29. Steroid Pathway Disorders 21-Hydroxylase – very rare (most common congenital adrenal hyperplasia), autosomal recessive, males have failure to thrive, recurrent vomiting, dehydration, hypotension, hyponatremia, hyperkalemia, shock, accelerated growth and skeletal maturation; in addition, females have ambiguous genitalia at birth, later in childhood with precocious pubic hair, clitoromegaly, increased serum 17-hydroxyprogesterone concentrations, increased urine pregnanetriol concentrations. Treatment with glucocorticoid and mineralocorticoid therapy as appropriate. 11-Hydroxylase – very rare (congenital adrenal hyperplasia), autosomal recessive, androgen excess, masculinization of female newborns and precocious puberty in male children, hypertension, increased serum 11-deoxycortisol and deoxycorticosterone, urine 17- ketosteroids, dehydroepiandrosterone, dehydroepiandrosterone sulfate, and androstenedione, and testosterone. Treatment with glucocorticoid replacement and antihypertensive therapy. Aromatase – very rare, autosomal recessive, virilization manifests as pseudohermaphroditism in female infants, affected males do not present with obvious defects at birth, tall stature, delayed skeletal maturation, delayed epiphyseal closure, bone pain, eunuchoid body proportions and excess adiposity, increased serum testosterone concentrations. Treatment with estrogen replacement.
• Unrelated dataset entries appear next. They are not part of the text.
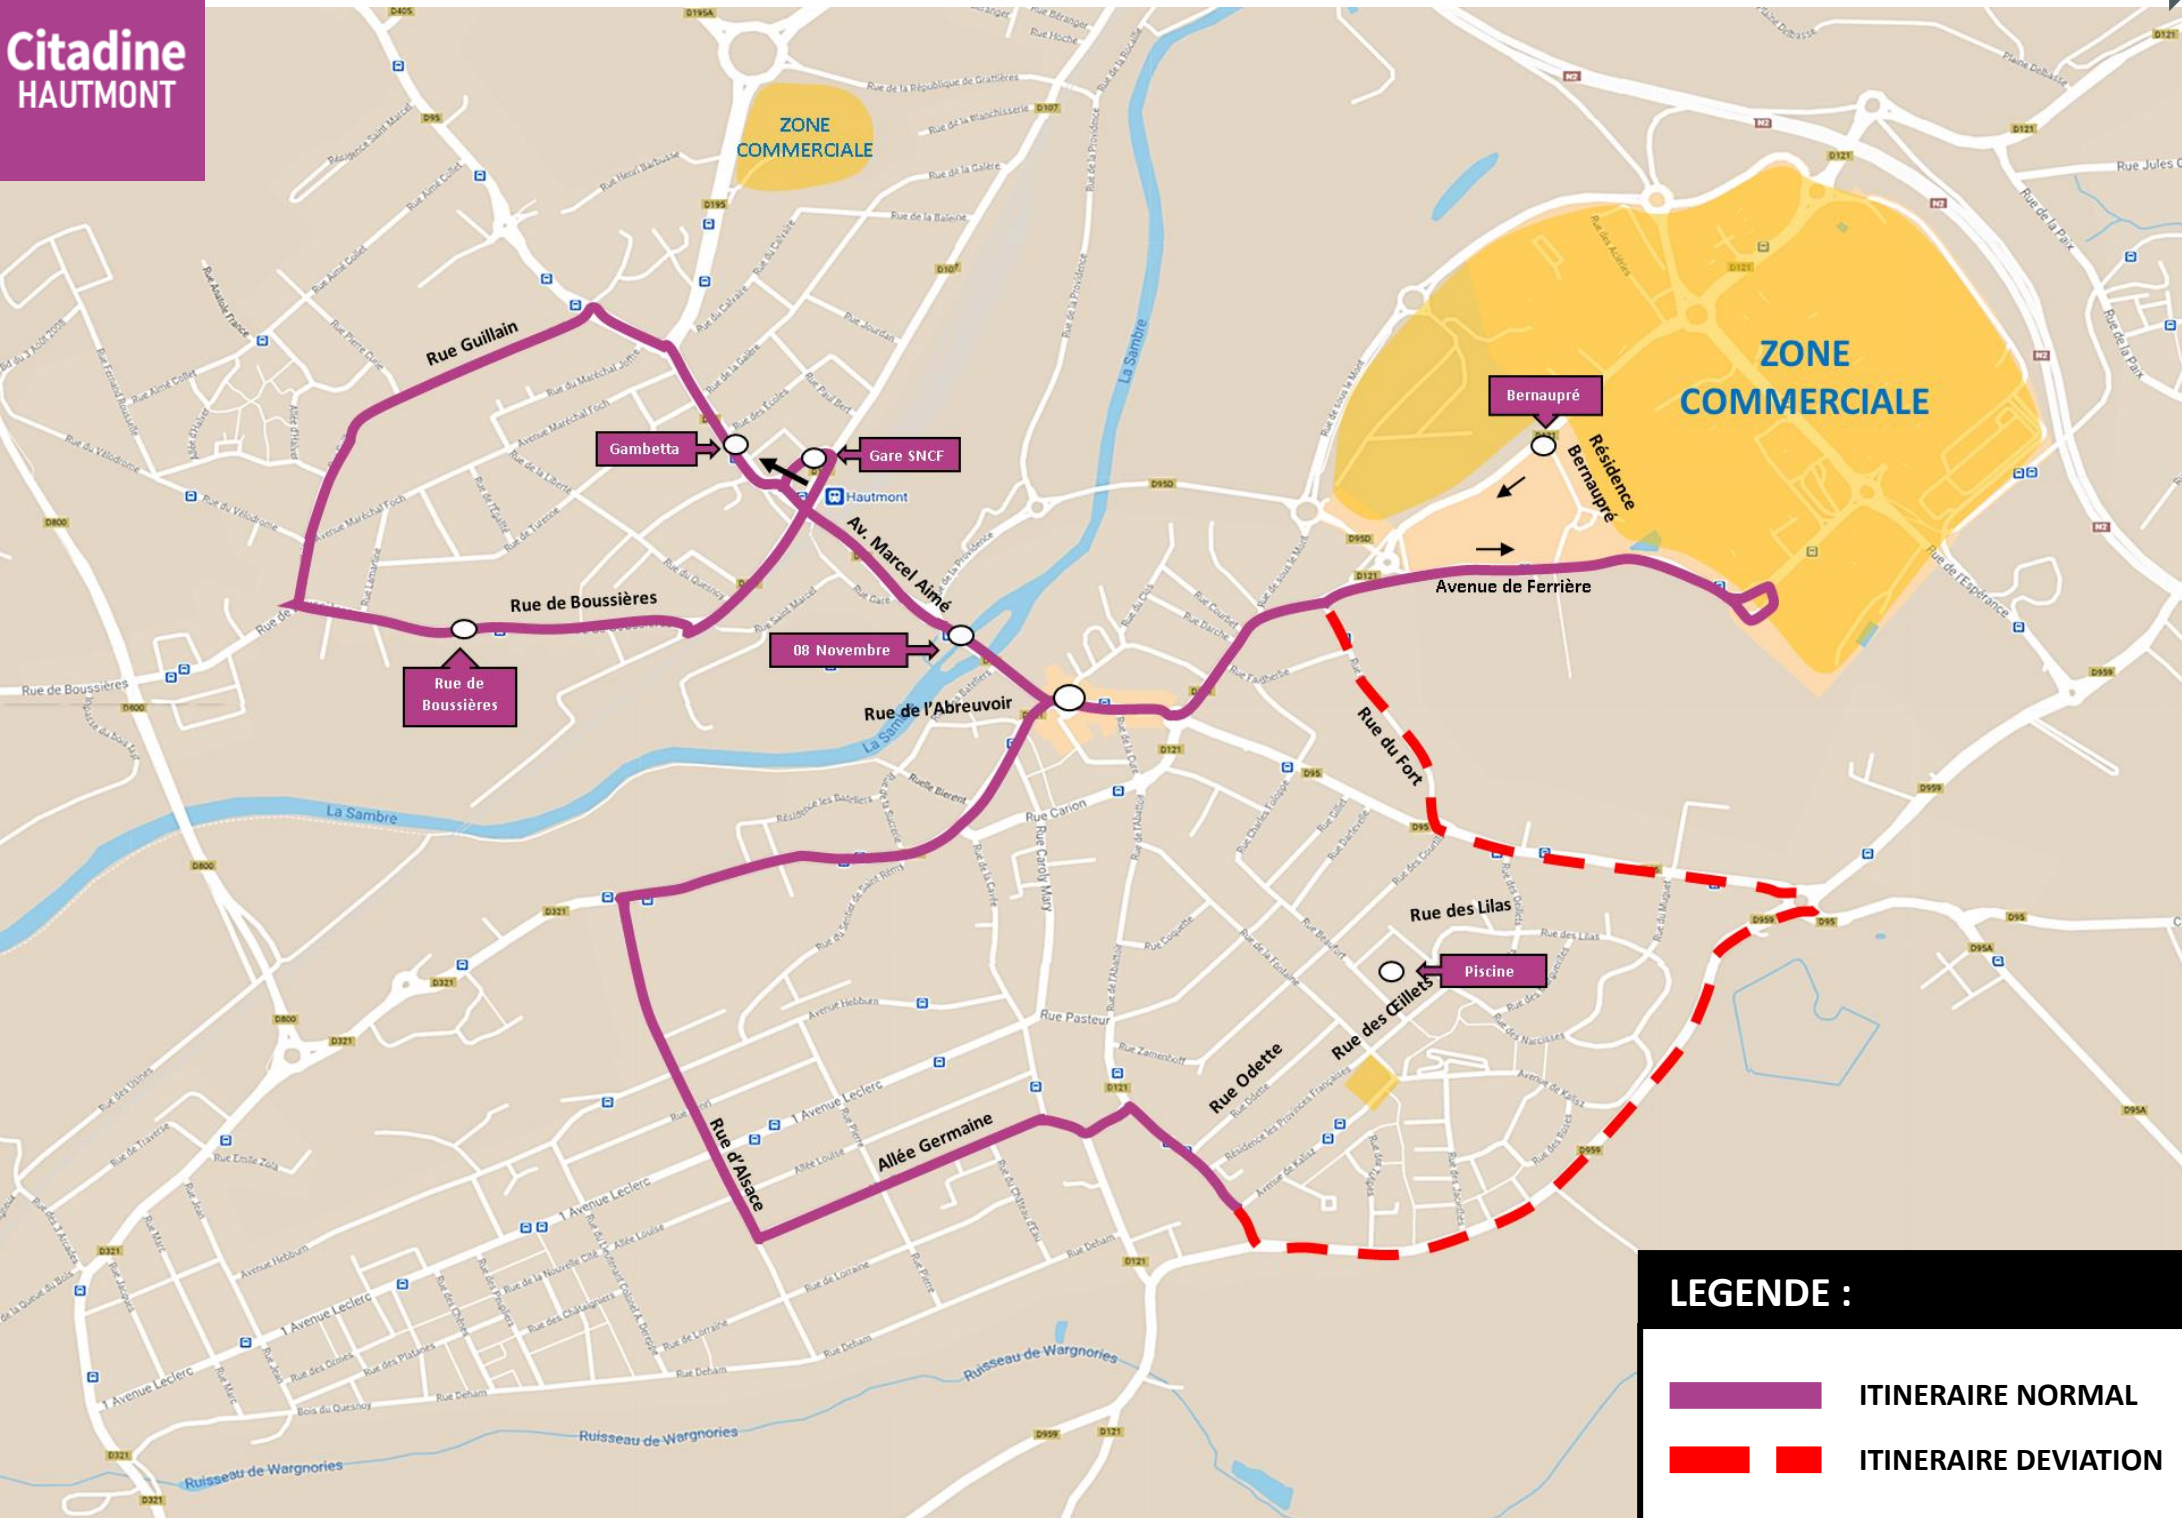

DEVIATION HAUTMONT

Du 29 / 04 / 2022 au 30 / 05 / 2022

EN RAISON DE : TRAVAUX Rue Charles Foloppe

stibus

L'APPLI STIBUS

www.stibus.fr

Citadine HAUTMONT

LEGENDE :

ITINERAIRE NORMAL

ITINERAIRE DEVIATION

UNE QUESTION

0 800 00 49 45

NOUS CONTACTER PAR MAIL
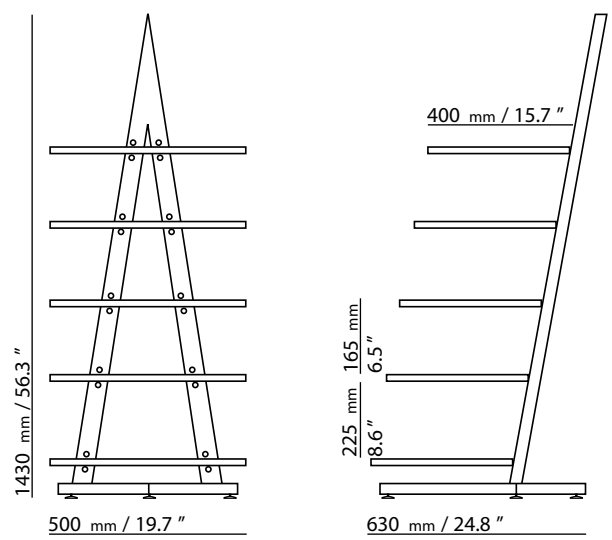

ALPHASTATIC

Alphastatic

Détails

- Epaisseur du verre: 10 mm, Transparent/Mat
- Capacité de charge par niveau: 30 kg
- Capacité de charge du niveau le plus bas: 40 kg
- Etagères pourvus de plots antivibrations
- Guide câble intégré
- Pieds correcteurs d'assiette réglables

Details

- Clear glass/frosted glass: 10 mm / 0.4 " thick
- Load capacity per level: 30 kg / 66 lbs.
- Load capacity of the lowest level: 40 kg / 88 lbs.
- All shelves provided with vibration dampers
- Integrated cable management
- Height-adjustable leveling feet
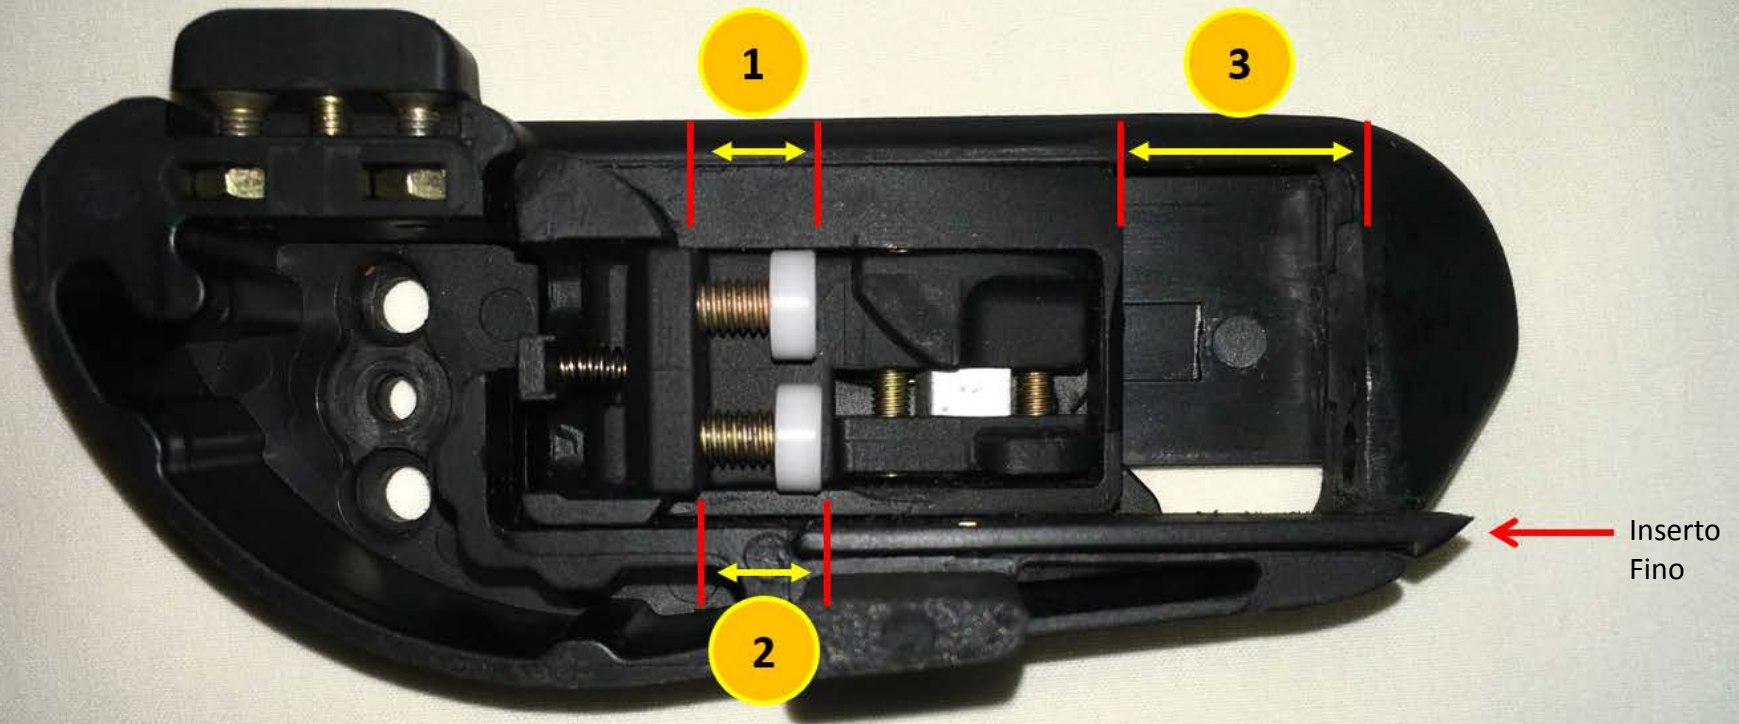

Coldre Universal

Guia Rápido de Setup

Colt 1911

Milímetros 1) 6,72

2) 8,86

3) 4,41

Polegadas 1) .265

2) .349

3) .175
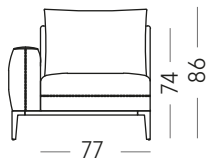

BREDA

Listino al pubblico 2024 - V2

Price list 2024 - V2

Modello Breda | Breda Sofa

Modello Breda | Breda Sofa

DIVANI/SOFA

Divano/Sofa 174X105 cm

BRE-DI-174

Divano/Sofa 205X105 cm

BRE-DI-205

Laterale/Corner 102x105 cm

BRE-LA-102-SX

BRE-LA-102-DX

Laterale/Corner 117x105 cm

BRE-LA-117-SX

BRE-LA-117-DX

Laterale/Corner 180x105 cm

BRE-LA-180-SX

BRE-LA-180-DX

Laterale/Corner 210x105 cm

BRE-LA-210-SX

BRE-LA-210-DX

ELEMENTI LATERALI/CORNERS

Divano/Sofa 235X105 cm

BRE-DI-235

Laterale/Corner 87x105 cm

BRE-LA-87-SX

BRE-LA-87-DX

Laterale/Corner 130x105 cm

BRE-LA-130-SX

BRE-LA-130-DX

Laterale/Corner 150x105 cm
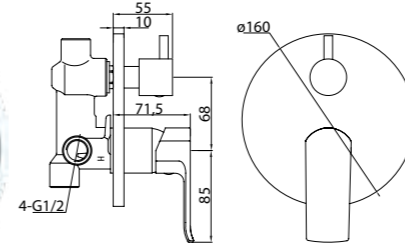

DIS-BASM-CRM
Встраиваемый смеситель для ванны и душа с переключателем
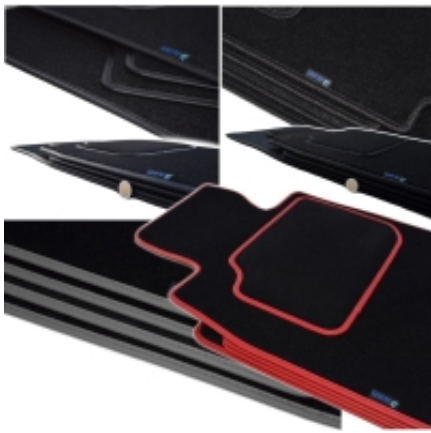

Dane aktualne na dzień: 31-03-2025 20:55

Link do produktu: <https://www.dywanikisamochodowe.pl/dywaniki-weluwowe-dodge-caliber-2006-2011r-silver-p-1611.html>

Dodge Caliber 2006-2011r. Dywaniki welurowe - SILVER - kolory do wyboru.

Opis produktu

Oferujemy dywaniki welurowe w jakości SILVER do modelu:

Dodge Caliber 2006-2011r.

-
- Marka: **ALDOS**
 - Materiał: **Welur Pętelkowy**
 - Spód: **Granulat**
 - Jakość / Quality: **Silver**
 - Pochodzenie wykładziny: **Belgia**
 - gramatura runa ok 650g/m²
 - gramatura całkowita ok 2300g/m²
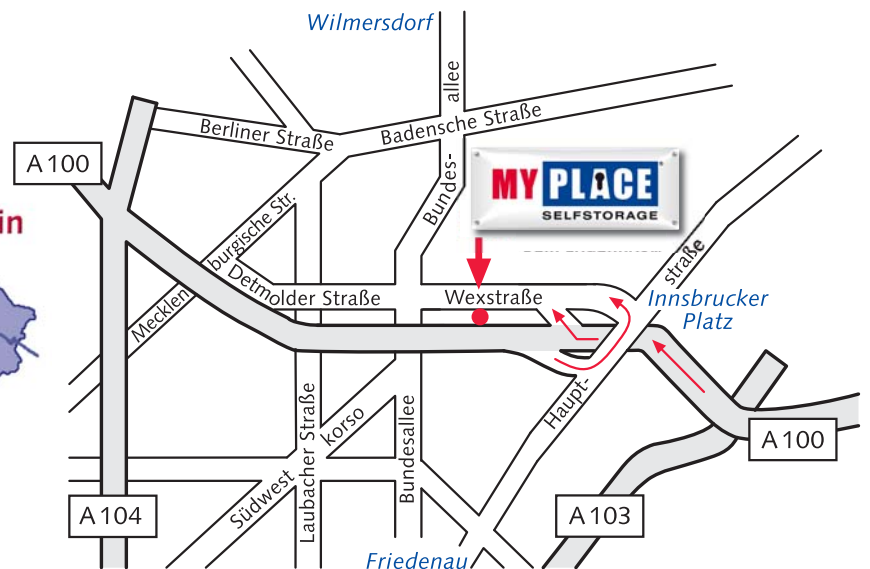

Filiale Wilmersdorf

Wie komme ich zu MyPlace - SelfStorage?

Zufahrtsplan Berlin Wilmersdorf Wexstraße 40 Einfahrt über Prinzregentenstraße

Von Osten / Stadtautobahn A-100 kommend:
Ausfahrt „Wexstraße“

Von Westen / Stadtautobahn A-100 kommend:
Ausfahrt „Innsbrucker Platz“

Mit öffentlichen Verkehrsmitteln:
Bus 248 ---> Wexstrasse (Haltestellen direkt vor dem Haus)

S+U-Bahn ---> Bundesplatz und ca. 3 Minuten Fußweg (oder eine Haltestelle mit Bus 248 Richtung S+U-Bahn Alexanderplatz)

S+U-Bahn ---> Innsbrucker Platz und ca. 9 Minuten Fußweg (oder eine Haltestelle mit Bus 248 Richtung U-Bahn Breitenbachplatz)

Wexstraße 40
10715 Berlin-Wilmersdorf
Tel 030 - 8507 3993-0
Fax 030 - 8507 3993-1
wexstrasse@myplace.de
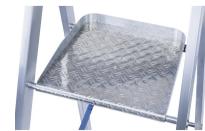

### Termékleírás

- Prémium modell maximális biztonsági felszereltséggel, extra nagy felállófelülettel, Saferstep lépcsőfokokkal és korlátokkal.
- Különösen nagy felületű, alumínium bordázott lemezzel borított állvány, amely nagyobb mozgásszabadságot biztosít a létrán.
- Két kapaszkodóval szerelve a könnyű fel- és lemászáshoz.
- 80 mm mély lépcsők ZARGES Safer Step technológiával.
- Tágas alumínium tárolótálca, bőséges helyet biztosítva szerszámok és apró alkatrészek számára.
- Nagy szilárdságú poliészter hevederek bevarrt rögzítőfülekkel – tartósak és kopásállóak.
- A tartókengyel magassága 1000 mm.
- Robusztus felépítés: peremes lépcsőkeretcsatlakozás extrudált alumínium profilokkal.

### A termék jellemzői

Alapterület

1,76 m × 0,74 m

Anyag	Alumínium
Bevonat	natúr
Dobogó hosszúsága	380 mm
Dobogó szélessége	390 mm
Dobogómagasság	2.07 m
Eszköztartók	Alumínium
Fok-/lépcsőfoktávolság függőlegesen	265 mm
Fokok száma dobogóval együtt	8
Fokok/lépcsőfokok típusa	Safer Step
Garancia	10 év
Lépcső mélység	80 mm
Lépcsőfok-/fok-szár összekötés	peremezett
Létrahosszúság	3.32 m
Munkamagasság	4.1 m
Szabványok	EN 131 professional
Szállítási méretek	3.320 mm × 740 mm × 155 mm
Szárprofil szélessége	73 mm
Szárprofil szélessége	58 mm
Szárprofil szélessége lépcsőoldalon/támaszszáron	73mm / 58mm
Szétcsúszás elleni védelem	Hevederszalag
Súly	16.7 kg
Tanúsítvány	TÜV-SÜD

30. Steroid Pathway Disorders Aldosterone synthase – rare, autosomal dominant, autosomal recessive, severe salt- wasting in infancy or stress-induced hyperkalaemia and postural hypotension in adulthood, increased serum renin activity, decreased serum aldosterone concentrations, increased serum 18-hydroxycorticosterone. Treatment with mineralocorticoid therapy (fludrocortisone) and sodium supplementation. 5α-Reductase – rare, autosomal recessive, ambiguous genitalia, clitoral-like phallus, markedly bifid scrotum, pseudovaginal perineoscrotal hypospadias, rudimentary prostate, uterus and fallopian tubes are absent, testes are intact and usually found in the inguinal canal or scrotum, amniocentesis or chorionic villus sampling show XY karyotype, fluorescent in situ hybridization results positive for sex-determining region, increased serum testosterone-to- dihydrotestosterone ratio, molecular genetics studies. Treatment considerations of gender assignment. 17-Ketoreductase – rare, autosomal recessive, characterized by clitoromegaly, posterior labioscrotal fusion and perineal blind vaginal pouch, testes are inguinal or in the labioscrotal folds, internal urogenital tract (epididymides, vasa deferentia, seminal vesicles, ejaculatory ducts) well developed; prostate and Müllerian structures are absent, baseline and post-human chorionic gonadotropin stimulation hormonal evaluation shows increased androstenedione and decreased testosterone concentrations, with an increased androstenedione-to- testosterone ratio. Treatment considerations of gender assignment.